No, there are several cases where the approximation becomes unphysical and inaccurate. To name a few I'm aware of:

• excited molecule states, basis functions are typically optimized to describe ground states. Configuration Interaction (CI) methods are rather used here. HF covers ground states best.

• electron correlation, especially if correlation changes with internuclear separation. HF assumes independent electrons. There are Post-HF-Methods for taking this correlation into account based on ordinary HF, e.g. Møller-Plesset many-body perturbation theory

For not small to medium-sized molecules (>20 Atoms) less time-consuming semi-empirical or hybrid (HF+DFT) instead of pure HF methods are used.

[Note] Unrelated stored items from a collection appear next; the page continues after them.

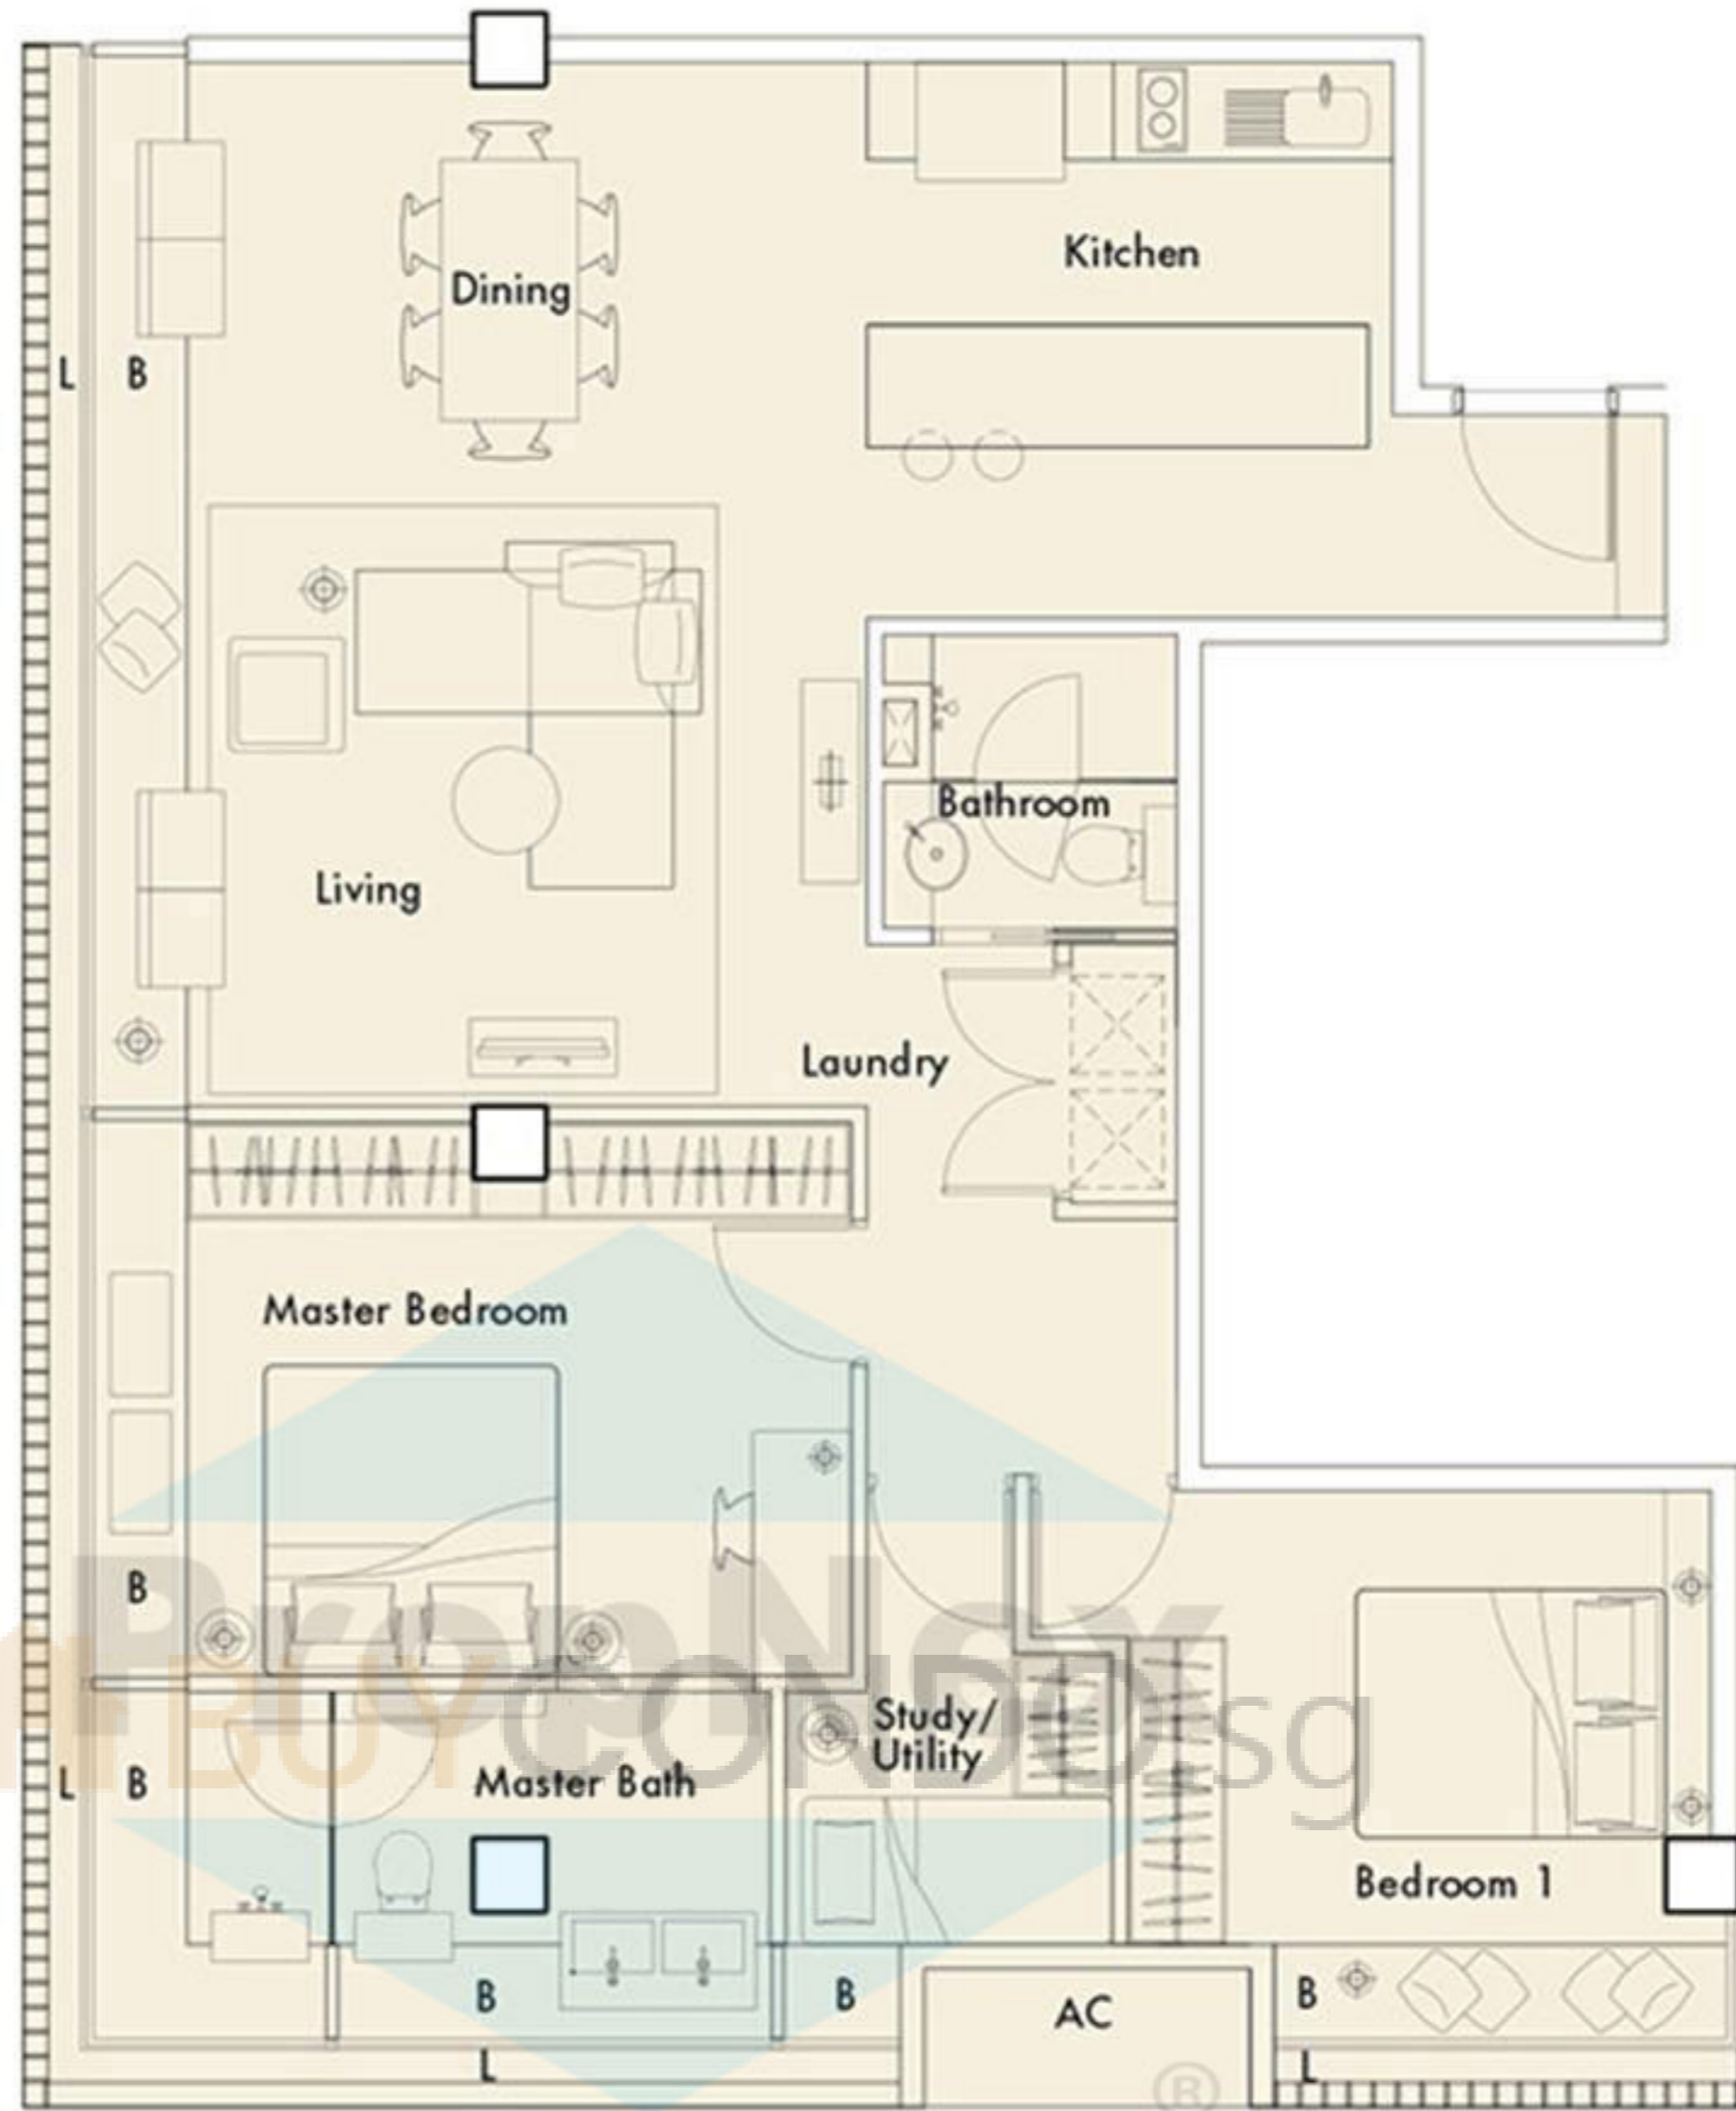

B4-2

nomu

two-bedroom units B4

*screening may be required

units

Type C4
08 - 06*
09 - 06*
10 - 06*

1,099 sq ft / 102.1 sq m

Service You Trust
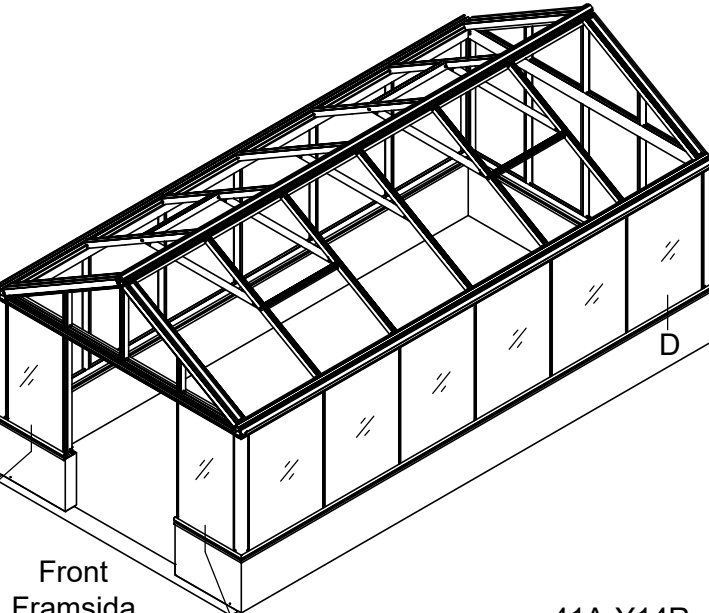

Part	NO.	QTY.	Length(MM)
	41A-Y14L	1	894
	41A-Y14R	1	894
	41X-Y14	1	3239

Part	Product	NO.	Length(MM)	QTY.	Code
	3701	41X-Y15-3	3238	2	A007
	3702	41X-Y15-4	4239		
	3703	41X-Y15-5	5240		
	3704	41X-Y15-6	6241		

41A-Y14L

J12

Front
Fransida
Forside
Franside
Etupuoli

J12

41A-Y14R

A007

41A-Y14

J12

Every van-der-Waals bonded molecule like H_2 is not covered by Hartree Fock Theory. Electron Correlation is not considered. So HF is just a good starting point for post HF methods like Møller-Plesset perturbation theory, coupled cluster etc.

Statistically the best available method for the ground state in modern quantum chemistry programs is CCSDT, coupled cluster with single, doublet and triplet exitation.This methodes are time consuming and scale with $N^7$ to $N^8$ where $N$ is the number of gaussian basis functions (GTOs)

Explicit correlation (F12) methods are even better, but they scale horrible.

In HF the ground state has to be given by a single Slater determinat. So even the ground state may not be computeable with Hartree Fock theory.

You must have a good guess for the HF starting point. Test your program with e.g. ozone. It has a broken symmetry unrestricted HF singlet wavefunction. Most likely you converge to a higher state in HF.

Hartree Fock will be unreliable for multiconfigurational systems e.g. involving transition metals or when dispersion interactions are significant (as noted by Alex1167623).